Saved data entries
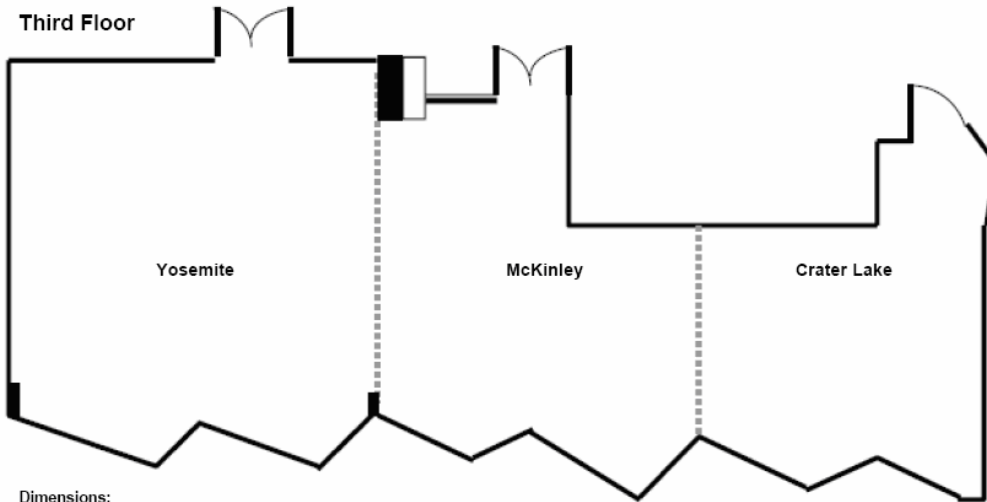

Evergreen Ballroom

Dimensions:
 Evergreen Ballroom 94' x 47' 4,418 Square Feet
 Sequoia 24' x 47' 1,128 Square Feet
 Glacier: 30' x 40' 1,360 Square Feet
 Yellowstone: 40' x 40' 1,600 Square Feet
 Doorway Width: 6'
 Ceiling Height: 14'

Third Floor

Dimensions:
 Yosemite: 30' x 26' 780 Square Feet
 McKinley: 30' x 24' 720 Square Feet
 Crater Lake: 30' x 16' 480 Square Feet

Carlsbad—Lower Level

Dimensions:
45'x32' 1,440 Square Feet

Parkside Room 2/F

Dimensions:
25'x27' 729 Square Feet

Executive Boardroom 5/F

Dimension:
840 Square Feet

Orcas 5/F

Dimensions:
359 Square Feet

San Juan—5/F

Dimensions:
359 Square Feet

### EXERCISE:
Begin at the first line of the records and please reproduce every line exactly through the one containing "45'x32' 1,440 Square Feet", leaving all pictures out.

### SOLUTION FOR THIS PROBLEM:
Evergreen Ballroom

Dimensions:
 Evergreen Ballroom 94' x 47' 4,418 Square Feet
 Sequoia 24' x 47' 1,128 Square Feet
 Glacier: 30' x 40' 1,360 Square Feet
 Yellowstone: 40' x 40' 1,600 Square Feet
 Doorway Width: 6'
 Ceiling Height: 14'

Third Floor

Dimensions:
 Yosemite: 30' x 26' 780 Square Feet
 McKinley: 30' x 24' 720 Square Feet
 Crater Lake: 30' x 16' 480 Square Feet

Carlsbad—Lower Level

Dimensions:
45'x32' 1,440 Square Feet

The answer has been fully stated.